コピーライター西尾忠久による1960年〜70年代アメリカ広告のアーカイブ

(435)ジェリー・デラ・フェミナ氏とのインタヴュー(7)


【用法】アリスは、土手の上で、お姉(ねえ)さんのそばにすわっているのがもとても退屈になってきました。おまけに何もすることがないのです。一、二度、お姉さんの読んでいる本をのぞいてみたけれど、その本には江もなければ会話(かいわ)もありません。ルイス・キャロル『不思議の国のアリス福島正実訳 角川文庫


(chuukyuuのつぶやき:広告コピーに会話体が少ないのは、なぜなんだろう? 読み手からの応答を明らかにしてしてしまっては、実もふたもなくなるくからかな。




デラ・フェミナ トラビサノ&パートナーズ代理店
社長当時


<<ジェリー・デラ・フェミナ氏とのインタヴュー(1)


広告の第一条件は、人の注意を引くか、ということ


chuukyuu「2,3年前に、プロの立場から広告を分析するといった内容の話をされたことがありましたが、ここでもう一度その話を繰り返してはいただけませんか?」


フェミナ氏「よくは覚えていないのですが、たぶんそれは、『人の注意を引くものであるか否か』といった点から広告を分析した話だったと思いますが、たぶん、つぎのようなことを話したものではないですか---広告をつくるのに当たってもっとも大切なのは、『それが人の注意を引くか』ということです。
というのは、わざわざ広告を読むために雑誌を買っている人など、どこにもいないからです。
そこで私たちがしなくてはならない最初の仕事は、人びとの関心を引くことなのです。


私は広告を見るたびにこんなひとりごとをいいます。
『これは人を引きつけるかな? 何か面白そうだから、奇抜な写真が載っているからということで、ここに目を止めるだけでなく、これを読んでくれる人いるかな?』と。
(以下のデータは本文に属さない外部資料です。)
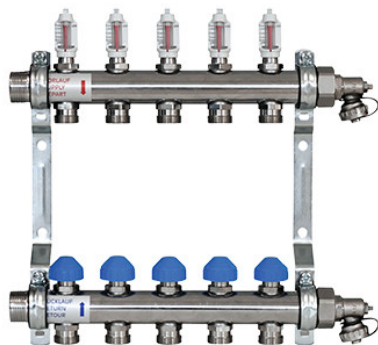

Zewotherm Verteiler Dynamisch für 12 Kreise <Premium> mit Durchflussmengenanzeiger

<https://www.schwarte-shop.de/zewotherm-verteiler-dynamisch-11-kreise-premium-durchflussmengenanzeiger>

Artikelnummer: 91243

Dynamischer Systemverteiler mit automatischem hydraulischem Abgleich. Er regelt und überwacht selbsttätig evtl. Druckschwankungen im Rohrnetz aus. Durch die konstante Durchflussmenge ergibt sich eine ideale Wärmeverteilung und die passende Wohlfühltemperatur.

Förderfähig bei der Sanierung im Rahmen der Heizungsoptimierung

Der hochwertiger, robuster Systemverteiler ist hergestellt aus starkwandigem Präzisionsrundrohr (Edelstahl 1.4301) und beinhaltet die Ventile für die automatischer Durchflussregelung. Die Absperrvorrichtung im Vorlauf. Anschlussverschraubungen aus Messing (vernickelt). Einfacher, wechselseitiger Anschluss durch G 1" Außengewinde und G 1" Innengewinde (Endstückset). Anschluss der Heizkreise mit G 3/4" EK. M30x1,5 / Schließmaß 11,8 mm/ Hub 1,7 mm für den Anschluss der Thermostat-Köpfe sowie Stellantriebe.

Lieferung:

Inkl. Verteilerendset (55 mm) zum Befüllen, Entleeren und Spülen. 3/4"-Anschluss, schwenkbar (lose beiliegend).

Technische Daten:

- Breite: 218 mm
- Höhe: 326,2 mm
- Tiefe: 63 mm

Für den Verteiler bieten wir auch den entsprechenden Verteilerschrank für AP bzw. UP Montage. Ebenso das erforderliche

さて、つぎに大切なのは、『十分相手に伝わるかどうか』という点です。
私たちの紹介が完壁なものであるなら、人びとは紹介された商品を明確に知るのです。
今日、莫大な数にのぼる広告がこの世の中でひしめき合っていますから、人びとはとかく混乱に陥りやすく、広告されている商品がなんであるのかを知ることからしてなかなかむずかしいのです。
商品そのものを明らかにする、これが2番目に重要なことです。


3番目に大切なのは、『その商品の使用目的は何か。働きは何か。どんな利益をもたらすのか』といった点を、できるかぎりハッキリした形で紹介することです。
今日、広告のアート性、ビジュアル性を強調する傾向が非常に強く、広告本来の姿は遠くに押しのけられてしまっています」


1970年春に再び訪問してみて、ジェリー・デラ・フェミナ&パートナーズ杜という社名が、デラ・フェミナ・トラビサノ&パートナーズ社に変わっているのに気づきましたが、あえて、トラビサノ氏が何者なのかは尋ねませんでした。
このインタビューは、あくまでもコピーライターであるデラ・フェミナ氏が対象なのですから。